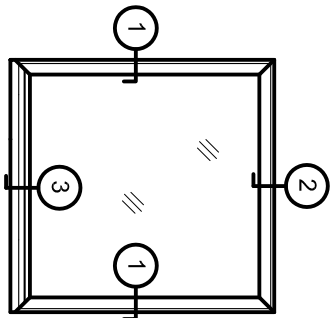

Storm Windows & Doors

Mon-Ray, Inc.
Phone: (800) 544-3646
Fax: (763) 546-8977
www.monray.com

NO PINLOCK
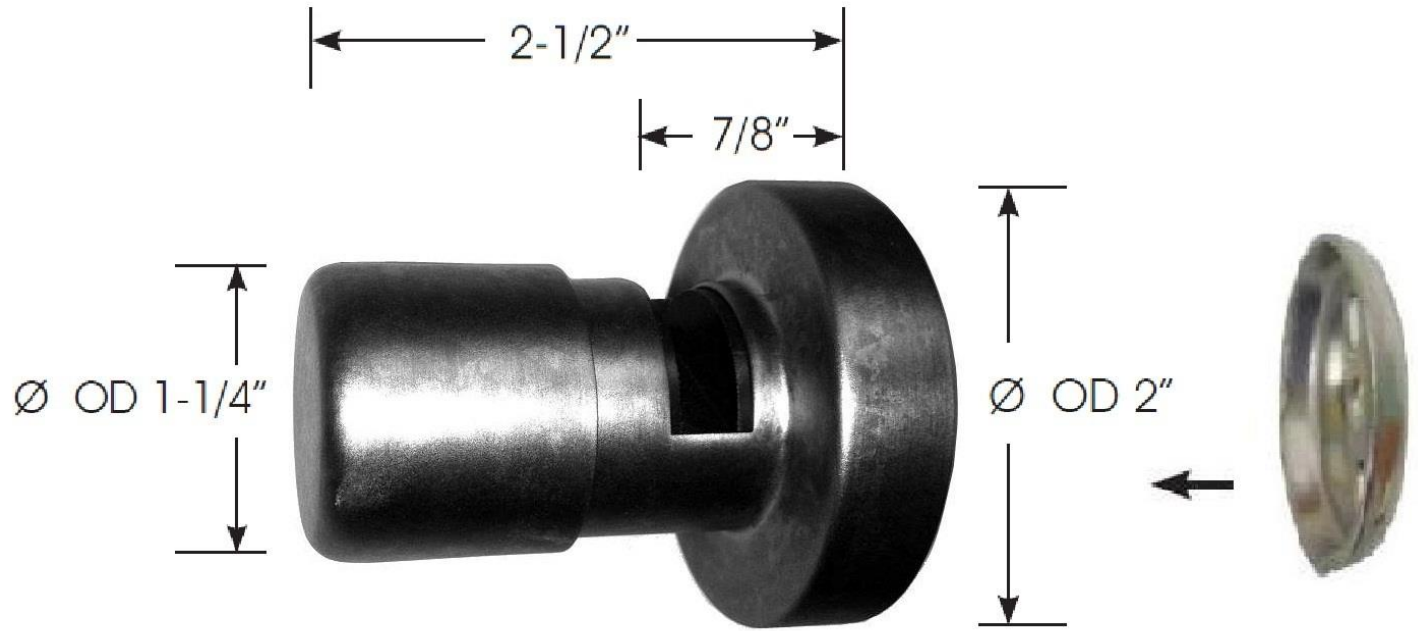

# PRODUCT SPECIFICATIONS

Waterbridge Mirror Mount  
WB-ACC-MIR

Jan 2014

- Mounting hardware included
- Custom finishes available

- TASK TO COMPLETE -
Copy the records exactly as they appear, excluding images.

- EXPECTED OUTPUT -
Storm Windows & Doors

Mon-Ray, Inc.
Phone: (800) 544-3646
Fax: (763) 546-8977
www.monray.com

NO PINLOCK

# PRODUCT SPECIFICATIONS

Waterbridge Mirror Mount  
WB-ACC-MIR

Jan 2014

- Mounting hardware included
- Custom finishes available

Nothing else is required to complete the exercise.